We'll now try to determine the accuracy of the spam filter using our test set of 1,114 messages.

In [14]:
test_set['predicted'] = test_set['SMS'].apply(lambda x: classify(x)[0])
test_set.head()

Unnamed: 0,Label,SMS,predicted
0,ham,"[later, i, guess, i, needa, do, mcat, study, too]",ham
1,ham,"[but, i, haf, enuff, space, got, like, 4, mb]",ham
2,spam,"[had, your, mobile, 10, mths, update, to, late...",spam
3,ham,"[all, sounds, good, fingers, makes, it, diffic...",ham
4,ham,"[all, done, all, handed, in, don, t, know, if,...",ham


In [15]:
"Spam accuracy: {:.1f}%".format((test_set['Label'] == test_set['predicted']).sum() / test_set.shape[0] * 100)

'Spam accuracy: 98.7%'

## Conclusions and further developments

We managed to build a spam filter for SMS messages using the multinomial Naive Bayes algorithm.

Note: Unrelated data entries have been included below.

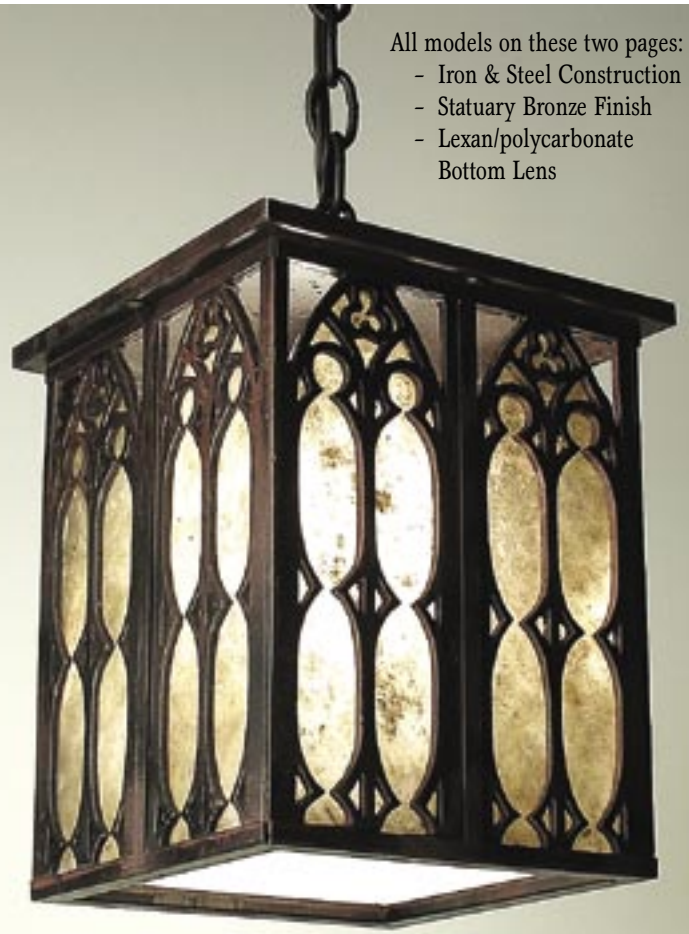

IRON ABBEY

Offering:

Heavy iron, cast in deep relief, and set in a brass frame; these wall sconces are ideal outdoors as all-weather luminaries, or indoors as classic accents.

13 more U.S. MADE Iron Abbey Gothic Style lighting fixtures available.

Pendants

IA117
Abbey Tall Pendant
W=5.5" sq. H=10" OL=38" 1x60W candelabra

IA107

Abbey Tall Ceiling Light
7.5" sq. H=11.5" 1x60W candelabra

IA108

Abbey Large Octagon Ceiling Light
Dia=14" H=12" 1x100W

IA109

Abbey Large Square Ceiling Light
W=10.25" sq. H=12" 1x100W

IA118

Abbey Large Octagon Pendant
Dia=10.5" H=11" OL=41" 1x100W

IA119

Abbey Large Square Pendant
W=9" sq. H=10" OL=38" 1x100W

All models on these two pages:
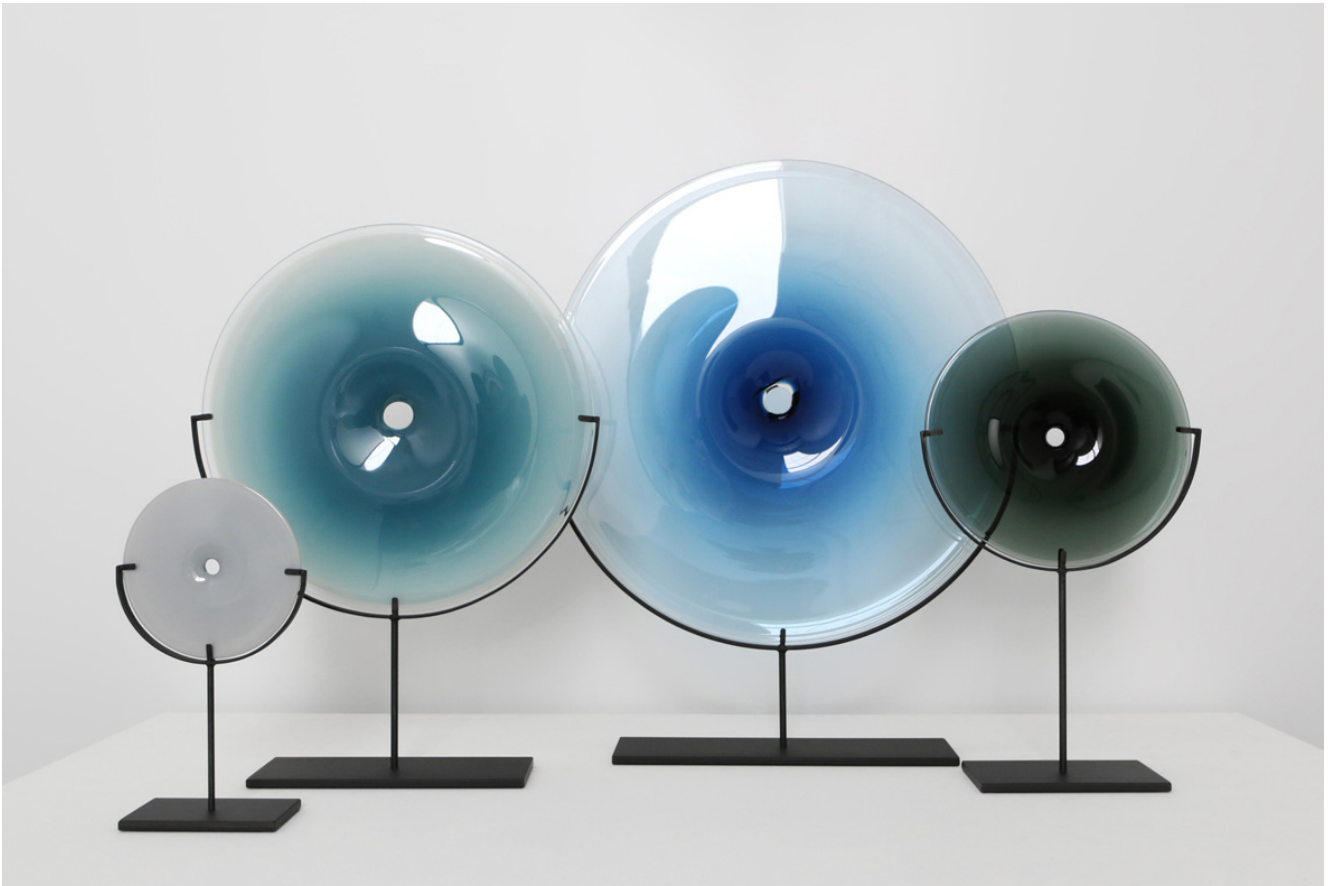

# Pool Object

### DESCRIPTION

SkLO pool objects are discs of handblown glass with open mouths at the center where the pieces are broken from the glassmaster's pipe and flame polished, giving each a unique detail. With handmade steel table stands. All sizes available with steel table stands. Medium, small, and mini sizes also available with brass table stands.

### DIMENSIONS

mini: 12.5"H x 7"W

small: 21"H x 12"W

medium: 24"H x 18"W

large ( table stand in dark oxidized only): 29"H x 24"W

### FEATURES

- Four sizes
- Nine colors: plum, smoke, smokey gray, steel blue, strawberry, light beige, gray, new blue, white
- Steel table stands available in dark oxidized finish only
- Brass stands available in brushed brass finish only
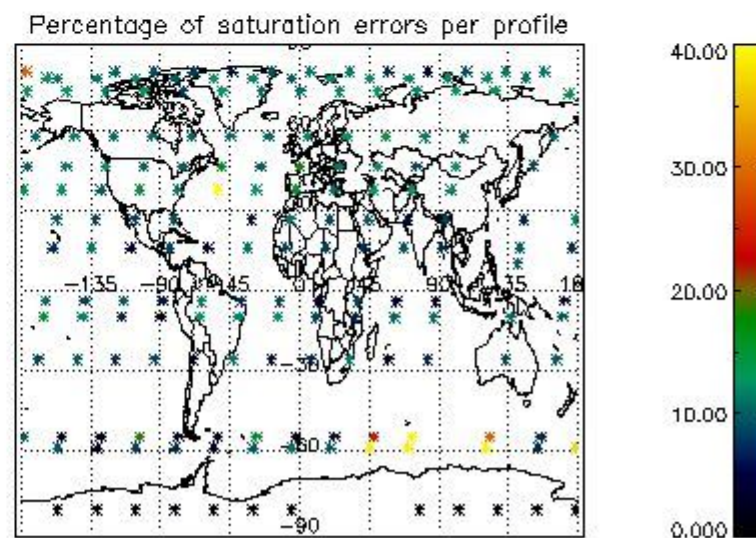

4.2 Plot quality information per product coming from level 1b processing (world map)

4.2.1 Plot level 1 quality information per product (world map): ENVISAT ASCENDING passes

Percentage of cosmic ray hits per profile

Percentage of datation errors per profile

Percentage of star falling outside central band per profile

Percentage of saturation errors per profile

4.2.2 Plot level 1 quality information per product (world map): ENVISAT DESCENDING passes

5. Trace gas profiles

5.1 Ozone statistics based on quality of products

The final quality of the products can be "measured" using the STD (Standard Deviation) attached to every point profile. This information is written to the parameter GOM_NL__2P/NL_LOCAL_SPECIES_DENSITY/o3_std of the level 2 products. The table below shows the statistics for given STD ranges.
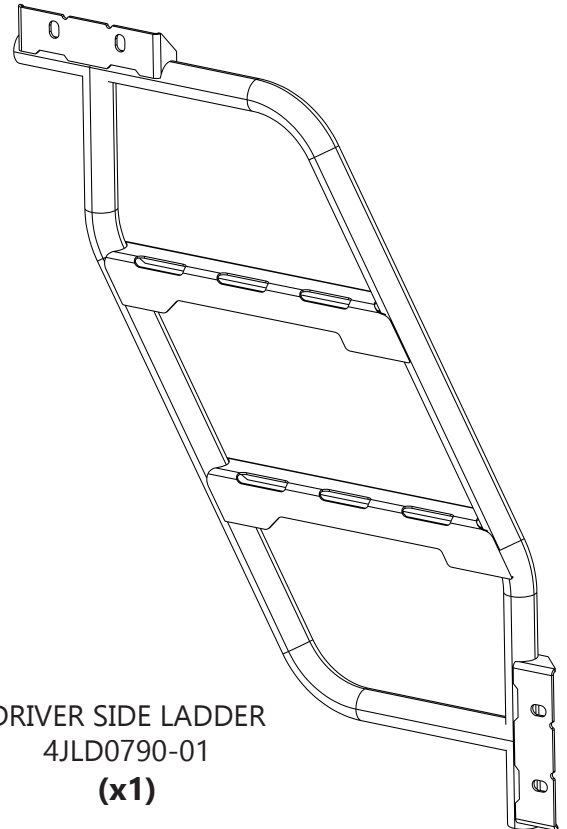

JK/JL Jeep
DESTROYER SERIES
JK/JL DRIVER SIDE
LADDER

SHIPPING SHEET

Packaged by:

On:

Hole Plug
HP1003
(x2)

Smaller Diameter

Mocap Part #
RN1-1/4DBK1

DRIVER SIDE LADDER
4JLD0790-01
(x1)
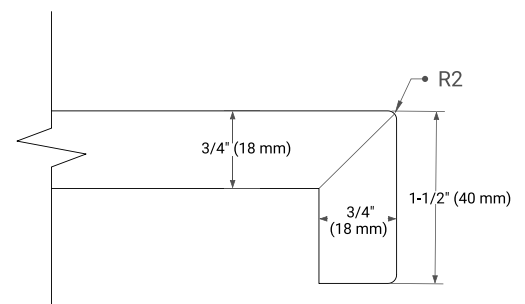

66" DOUBLE SINK BASE CABINET

BASE CABINET DIMENSIONS

66" W x 21.5" D x 34.5" H

FEATURES

- Solid wood frame & plywood panels
- Dovetail drawers and joints
- Soft closing doors & drawers

HARDWARE FINISHES*

Brushed Nickel Satin Brass Matte Black Polished Chrome

PLAN VIEW

66" DOUBLE OVAL SINK COUNTERTOP WITH 1.5 IN. THICKNESS

OVERALL DIMENSIONS

66.25" W x 22" D x 1.5" H

COUNTERTOP OPTIONS

Carrara White Quartz

FEATURES

- Solid countertop with mitered edges & seams
- Undermount white oval sink
- Pre-drilled for 8" widespread faucet

INCLUDED

- Countertop
- Matching Backsplash
- Oval Sinks

COUNTERTOP PLAN VIEW

EDGE SIDE VIEW

THREE DIMENSIONAL COUNTERTOP VIEW
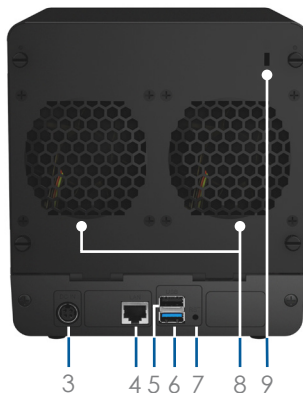

Connections & Buttons

1. 1 Power button
2. 2 LED indicator
3. 3 Power port
4. 4 Gigabit (RJ-45) LAN port
5. 5 USB 2.0 port
6. 6 USB 3.0 port
7. 7 Reset button
8. 8 Fan
9. 9 Kensington security slot

Technical Specifications

Hardware

CPU	Marvell Armada 88F6828 dual-core 1.3GHz
Floating point unit	Yes
Hardware encryption engine	Yes
RAM size	DDR3 512 MB
Compatible drive type	3.5" or 2.5" SATA(II) x 4 (hard drives not included)
Max internal raw capacity	32TB (4 x 8TB hard drive) (the actual capacity will differ according to volume types)
Max single volume size	16TB
External ports	USB 3.0 port x 1, USB 2.0 port x 1
Size (HxWxD)	184mm x 168mm x 230mm
Weight	2.21 kg
LAN	Gigabit (RJ-45) x 1
Wireless support	Yes (wireless dongles not included)
Wake on LAN/WAN	Yes
Scheduled power on/off	Yes
AC input power voltage	100V to 240V
Power frequency	50Hz to 60Hz, single phase
Operating temperature	5°C to 40°C (40°F to 104°F)
Storage temperature	-20°C to 60°C (-5°F to 140°F)
Relative humidity	5% to 95% RH

General

Networking protocols	CIFS, AFP, NFS, FTP, WebDAV, CalDAV, iSCSI, Telnet, SSH, SNMP, VPN (PPTP, OpenVPN™, L2TP)
File system	Internal: ext4 External: ext4, ext3, FAT, NTFS, HFS+ (read only)
Storage management	Maximum single volume size: 16TB, Maximum internal volume: 256, Maximum iSCSI Target: 10, Maximum iSCSI LUN: 10
Supported RAID type	Synology Hybrid RAID (SHR), Basic, JBOD, RAID 0, RAID 1, RAID 5, RAID 6, RAID 10
File sharing capability	Maximum user account: 1024, Maximum group: 256, Maximum shared folder: 256, Maximum concurrent CIFS/AFP/FTP/File Station connection: 128
Privilege	Windows Access Control List (ACL)
Directory service	Windows AD Integration: Domain Users login via Samba (CIFS)/AFP/FTP/File Station, LDAP integration
Security	FTP over SSL/TLS, IP auto-block, firewall, encrypted network backup over Rsync, HTTPS connection
Utilities	Synology Web Assistant, Synology Assistant, Cloud Station, Synology Cloud Sync Decryption Tool, Photo Station Uploader, Evidence Integrity Authenticator
Supported clients	Windows XP onwards, Mac OS X® 10.7 onwards, Ubuntu 12 onwards
Supported browsers	Chrome™, Firefox®, Internet Explorer® 8 onwards, Safari® 7 onwards, Safari (iOS® 7 onwards on iPad®), Chrome (Android 4.0 onwards on tablets)
Language	English, Deutsch, Français, Italiano, Español, Dansk, Norsk, Svensk, Nederlands, Русский, Polski, Magyar, Português do Brasil, Português Europeu, Türkçe, Český, 日本語, 한국어, 繁體中文, 简体中文
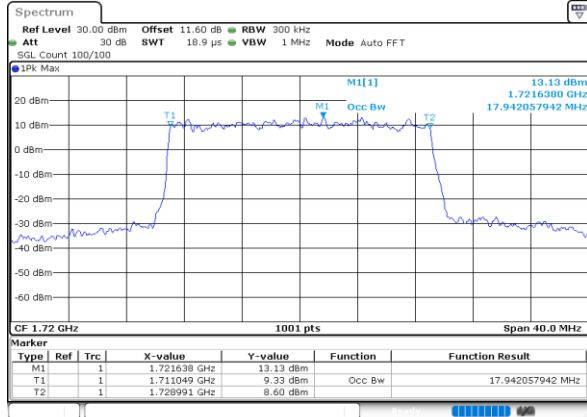

Date: 27\_SEP.2020 12:56:54

LTE Band 66

Lowest Channel / 20MHz / QPSK

Date: 27.SEP.2020 13:01:01

Lowest Channel / 20MHz / 16QAM

Date: 27.SEP.2020 13:01:13

Middle Channel / 20MHz / QPSK

Date: 27.SEP.2020 13:05:19

Middle Channel / 20MHz / 16QAM

Date: 27.SEP.2020 13:05:31

Highest Channel / 20MHz / QPSK

Date: 27.SEP.2020 13:07:38

Highest Channel / 20MHz / 16QAM

Date: 27.SEP.2020 13:07:50

LTE Band 66

Lowest Channel / 1.4MHz / 64QAM
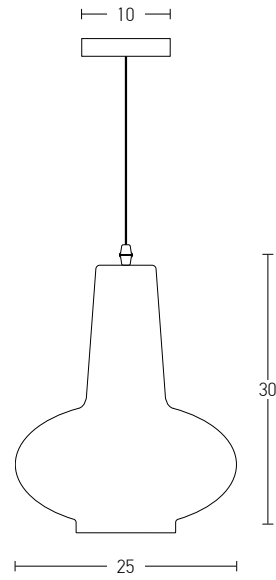

Bulb 1xE27
Power MAX 40W
Input 220-240V, 50/60Hz
Dimensions Ø: 25cm H: 30cm
Base Ø: 10cm H: 2cm
Material Metal - Glass
Special Feature 150cm Cable Adjustable
Color Chrome Glass / **Code 17053**
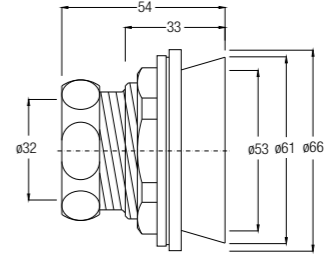

INLET SPUD

WBFT400433CP

SPECIFICATIONS
For exposed WC flush valve
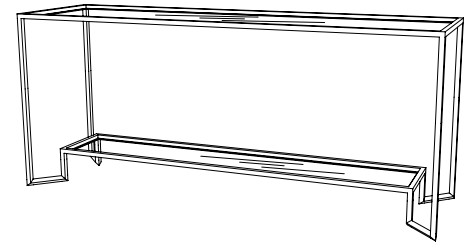

IATESTA  
STUDIO

STEEL & GLASS COCKTAIL TABLE – SIZE II

15-0130-II  
54"W x 30"D x 18"H

## CUSTOM SUGGESTIONS

Standard

Standard Size I

Eliminate shelf

As a console

As a side table v.1

As a side table v.2

Hand Made in Maryland  
410.604.0360 (P)  
410.604.0363 (F)  
info@iatestastudio.com  
iatestastudio.com

## STEEL & GLASS COCKTAIL TABLE – SIZE II

15-0130-II

54"W x 30"D x 18"H

Finish: T304 / Antique Silver

One shelf

Top & Shelf: Inset 0.5" thick clear glass

Custom sizes and finishes available

1.20
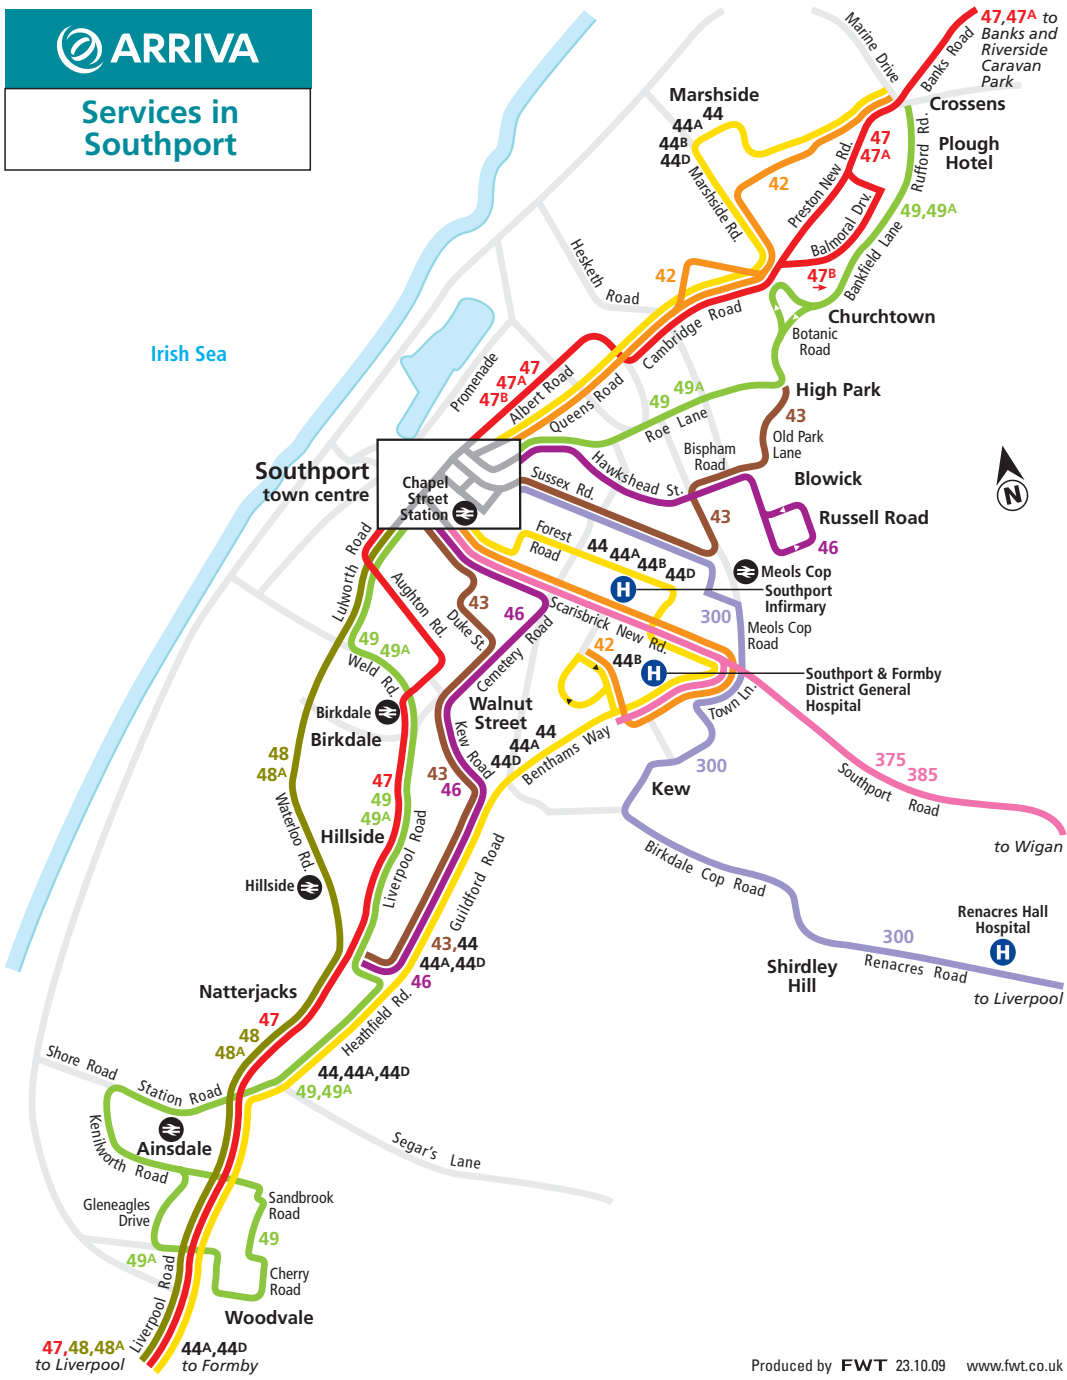

Services in Southport

47, 48, 48A
to Liverpool

44A, 44D
to Formby
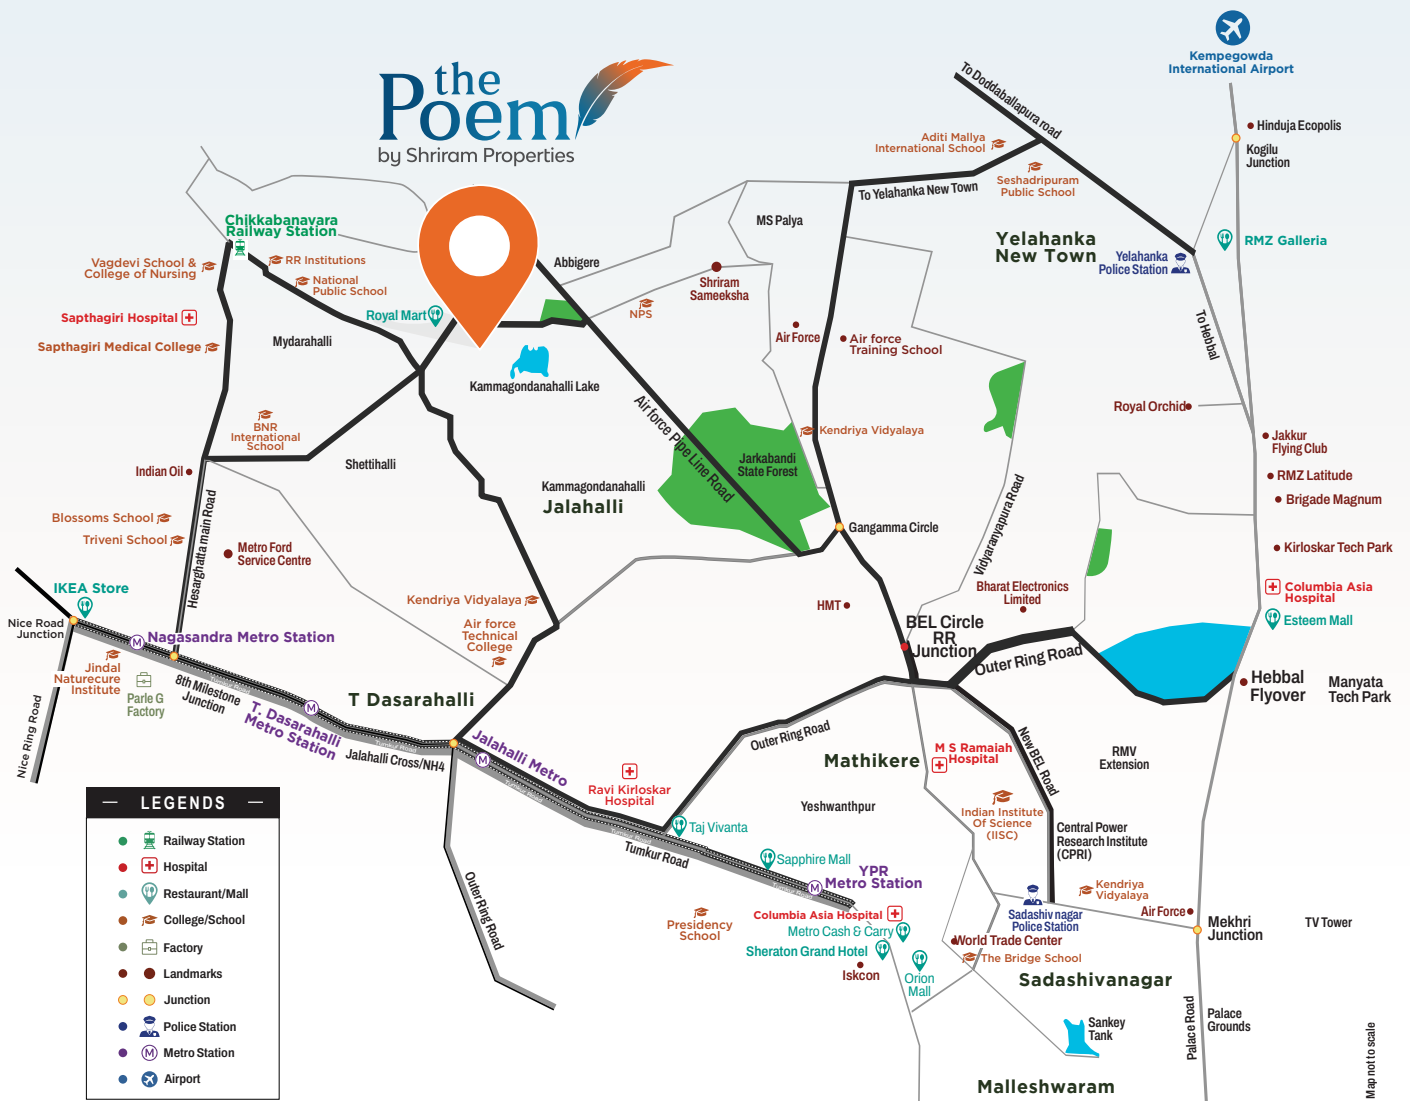

The Poem
by Shriram Properties

The filter had an accuracy of 98.74% on the test set, which is an excellent result. We initially aimed for an accuracy of over 80%.
In terms of further developments, we could isolate the 14 messages that were classified incorrectly and try to figure out why the algorithm reached the wrong conclusions. Also, we might be able to increase the accuracy of the filtering process by accounting for letter case and punctuation.